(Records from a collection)
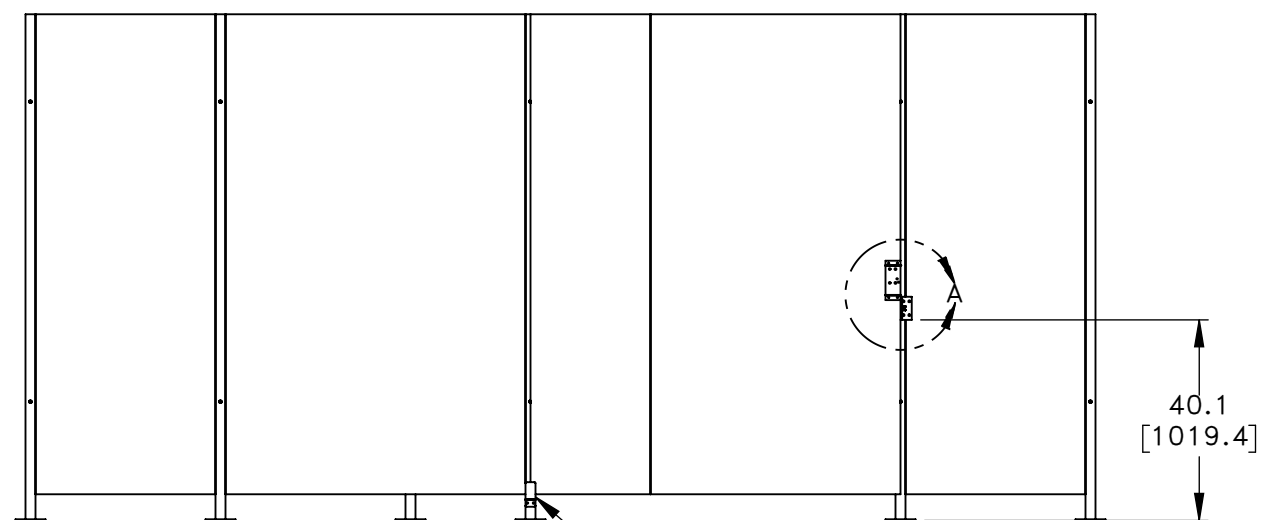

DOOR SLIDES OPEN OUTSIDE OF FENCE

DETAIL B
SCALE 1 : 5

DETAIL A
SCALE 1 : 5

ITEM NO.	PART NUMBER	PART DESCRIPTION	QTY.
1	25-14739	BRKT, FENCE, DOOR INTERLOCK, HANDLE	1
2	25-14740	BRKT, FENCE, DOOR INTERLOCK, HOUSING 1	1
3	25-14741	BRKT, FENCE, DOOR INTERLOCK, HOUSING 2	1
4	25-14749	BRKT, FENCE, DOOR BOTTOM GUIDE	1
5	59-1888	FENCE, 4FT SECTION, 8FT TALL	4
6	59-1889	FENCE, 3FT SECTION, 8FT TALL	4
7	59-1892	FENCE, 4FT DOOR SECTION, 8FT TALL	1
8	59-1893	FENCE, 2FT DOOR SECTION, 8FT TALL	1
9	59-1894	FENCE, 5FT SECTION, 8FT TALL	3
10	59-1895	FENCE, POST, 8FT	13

- EXERCISE AIM
Your task is to gather all lines from the entries above that hold the word "BRKT".

- REPLY TO THE TASK
1	25-14739	BRKT, FENCE, DOOR INTERLOCK, HANDLE	1
2	25-14740	BRKT, FENCE, DOOR INTERLOCK, HOUSING 1	1
3	25-14741	BRKT, FENCE, DOOR INTERLOCK, HOUSING 2	1
4	25-14749	BRKT, FENCE, DOOR BOTTOM GUIDE	1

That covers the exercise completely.